Segment Open

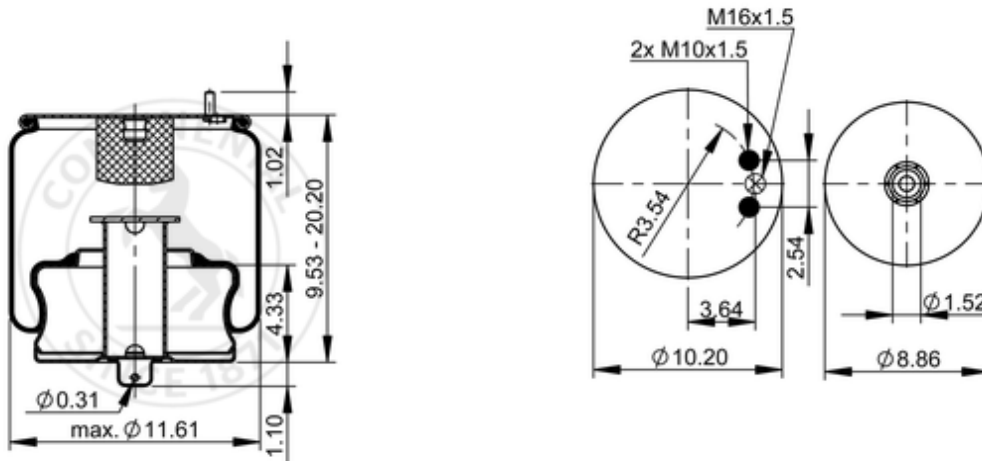

6603 N P01
74916

	18.5 lb
	9309795
	M10: max. 20 lbf ft
	M16x1.5: max. 22 lbf ft

Cross-reference

Goodyear	1R11-893
Goodyear Flex No.	566223578
Blacktech	RML73312C
Airtech Ref.	36312 C
Airtech No.	136662

OE Manufacturer/Part No.

Manufacturer	Original Part No.	Model
Volvo	3 195 240	
Volvo	3 171 693	
Volvo	3 171 693	
Volvo	3 195 240	
Volvo	3 178 706	
Volvo	3 178 706	
Volvo	20 573 312	B 12 R
Volvo	20 573 312	B 12 R

Segment Closed

Once you have read through the entries, say how many of their lines include the string "Airtech" and give nothing but that number.

2